> [What the task requires]:
Scan each line of the records for the word "white" and extract the ones that have it.

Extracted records
============
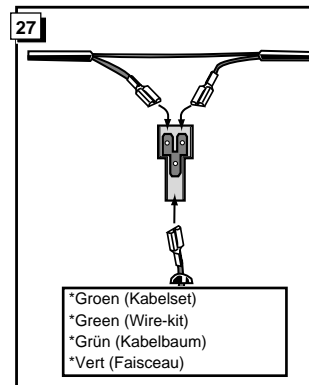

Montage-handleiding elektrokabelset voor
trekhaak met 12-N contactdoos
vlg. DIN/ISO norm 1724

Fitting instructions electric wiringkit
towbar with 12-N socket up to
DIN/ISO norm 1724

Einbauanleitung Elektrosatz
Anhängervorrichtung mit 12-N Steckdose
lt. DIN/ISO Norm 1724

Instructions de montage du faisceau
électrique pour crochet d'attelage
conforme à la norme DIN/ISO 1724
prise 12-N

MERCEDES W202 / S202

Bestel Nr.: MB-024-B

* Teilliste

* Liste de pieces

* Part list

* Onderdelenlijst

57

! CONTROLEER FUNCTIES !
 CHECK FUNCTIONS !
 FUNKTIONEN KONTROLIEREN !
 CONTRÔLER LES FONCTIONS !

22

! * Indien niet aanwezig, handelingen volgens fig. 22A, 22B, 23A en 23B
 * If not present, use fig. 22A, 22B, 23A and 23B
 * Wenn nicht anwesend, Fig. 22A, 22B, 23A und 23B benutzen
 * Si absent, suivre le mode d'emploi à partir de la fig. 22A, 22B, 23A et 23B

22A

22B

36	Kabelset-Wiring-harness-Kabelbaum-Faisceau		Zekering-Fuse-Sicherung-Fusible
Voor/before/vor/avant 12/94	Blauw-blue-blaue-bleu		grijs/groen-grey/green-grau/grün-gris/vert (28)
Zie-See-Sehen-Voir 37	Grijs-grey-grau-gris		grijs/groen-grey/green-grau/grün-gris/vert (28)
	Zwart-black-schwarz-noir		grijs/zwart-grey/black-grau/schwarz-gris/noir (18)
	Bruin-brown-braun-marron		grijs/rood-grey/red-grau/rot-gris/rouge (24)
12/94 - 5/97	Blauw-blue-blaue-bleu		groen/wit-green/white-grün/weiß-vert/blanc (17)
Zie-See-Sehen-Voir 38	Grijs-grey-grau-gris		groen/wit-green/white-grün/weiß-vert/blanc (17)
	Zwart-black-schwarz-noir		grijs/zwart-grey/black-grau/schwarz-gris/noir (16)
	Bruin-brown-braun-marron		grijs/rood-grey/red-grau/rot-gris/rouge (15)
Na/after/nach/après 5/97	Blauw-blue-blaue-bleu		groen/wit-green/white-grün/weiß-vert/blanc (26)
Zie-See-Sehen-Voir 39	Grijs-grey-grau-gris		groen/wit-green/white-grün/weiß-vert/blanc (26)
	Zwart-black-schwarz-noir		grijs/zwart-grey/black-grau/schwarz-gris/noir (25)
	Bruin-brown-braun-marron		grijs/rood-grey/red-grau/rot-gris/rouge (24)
============
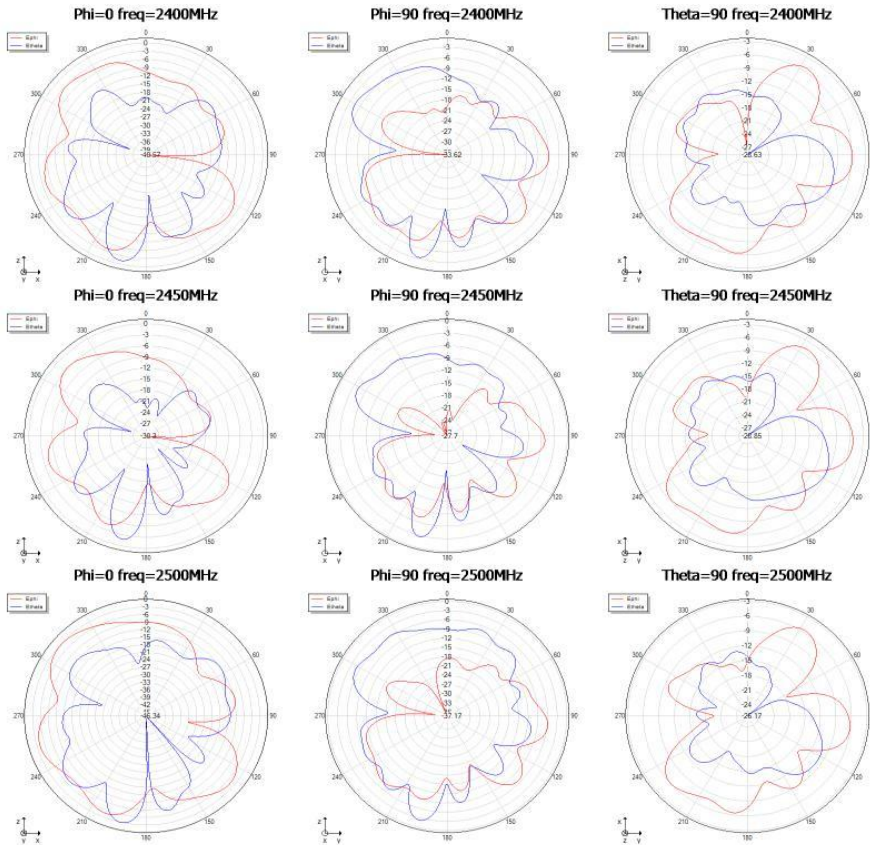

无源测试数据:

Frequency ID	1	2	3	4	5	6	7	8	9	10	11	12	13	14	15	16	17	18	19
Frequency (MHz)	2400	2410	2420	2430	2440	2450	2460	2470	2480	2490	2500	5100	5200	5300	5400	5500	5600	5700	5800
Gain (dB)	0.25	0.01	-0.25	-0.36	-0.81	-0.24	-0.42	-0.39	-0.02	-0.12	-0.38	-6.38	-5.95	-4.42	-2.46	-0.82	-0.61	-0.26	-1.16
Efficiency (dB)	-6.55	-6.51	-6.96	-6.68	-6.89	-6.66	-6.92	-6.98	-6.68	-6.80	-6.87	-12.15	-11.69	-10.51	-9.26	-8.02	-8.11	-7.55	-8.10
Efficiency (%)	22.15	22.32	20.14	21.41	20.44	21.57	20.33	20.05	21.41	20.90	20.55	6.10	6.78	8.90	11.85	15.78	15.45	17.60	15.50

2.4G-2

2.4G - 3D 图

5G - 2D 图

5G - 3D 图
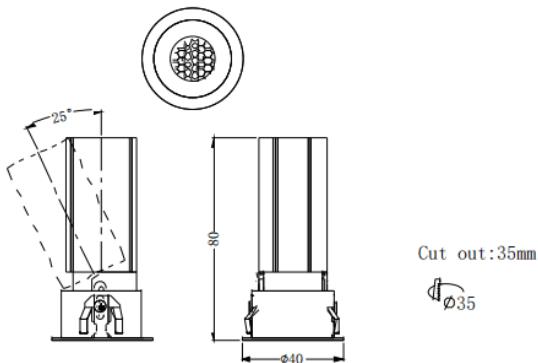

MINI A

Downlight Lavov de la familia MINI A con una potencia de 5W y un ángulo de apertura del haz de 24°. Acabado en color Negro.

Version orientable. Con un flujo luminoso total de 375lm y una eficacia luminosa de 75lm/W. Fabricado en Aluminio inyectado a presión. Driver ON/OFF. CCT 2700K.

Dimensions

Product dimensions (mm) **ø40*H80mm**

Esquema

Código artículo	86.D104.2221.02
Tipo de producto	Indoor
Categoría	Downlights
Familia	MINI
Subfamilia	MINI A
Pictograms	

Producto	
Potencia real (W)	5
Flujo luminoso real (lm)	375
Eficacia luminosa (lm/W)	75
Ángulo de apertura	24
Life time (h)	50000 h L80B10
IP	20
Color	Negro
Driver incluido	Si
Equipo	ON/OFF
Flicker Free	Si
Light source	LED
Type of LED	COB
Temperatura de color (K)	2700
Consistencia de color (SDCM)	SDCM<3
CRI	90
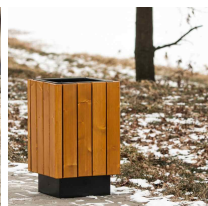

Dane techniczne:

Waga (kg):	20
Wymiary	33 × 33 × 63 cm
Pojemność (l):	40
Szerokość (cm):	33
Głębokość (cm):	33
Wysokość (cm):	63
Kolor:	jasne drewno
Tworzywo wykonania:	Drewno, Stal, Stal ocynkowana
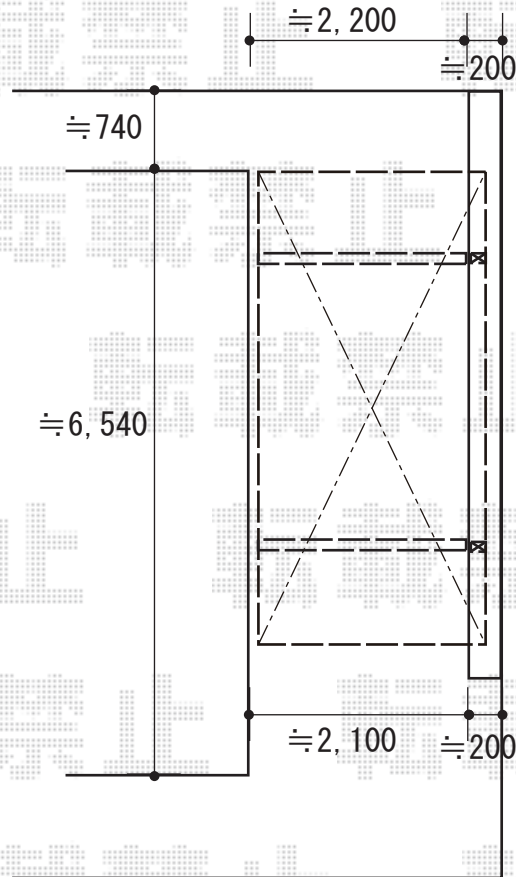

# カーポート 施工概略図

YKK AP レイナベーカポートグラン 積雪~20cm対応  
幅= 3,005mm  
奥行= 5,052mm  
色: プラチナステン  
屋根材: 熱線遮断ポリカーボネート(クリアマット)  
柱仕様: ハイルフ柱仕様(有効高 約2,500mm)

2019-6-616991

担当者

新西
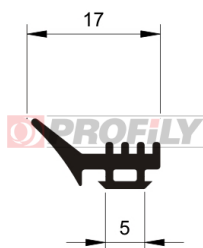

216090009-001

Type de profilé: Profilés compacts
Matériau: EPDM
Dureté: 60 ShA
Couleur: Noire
============
> [Exercise solution]:
12/94 - 5/97	Blauw-blue-blaue-bleu		groen/wit-green/white-grün/weiß-vert/blanc (17)
Zie-See-Sehen-Voir 38	Grijs-grey-grau-gris		groen/wit-green/white-grün/weiß-vert/blanc (17)
Na/after/nach/après 5/97	Blauw-blue-blaue-bleu		groen/wit-green/white-grün/weiß-vert/blanc (26)
Zie-See-Sehen-Voir 39	Grijs-grey-grau-gris		groen/wit-green/white-grün/weiß-vert/blanc (26)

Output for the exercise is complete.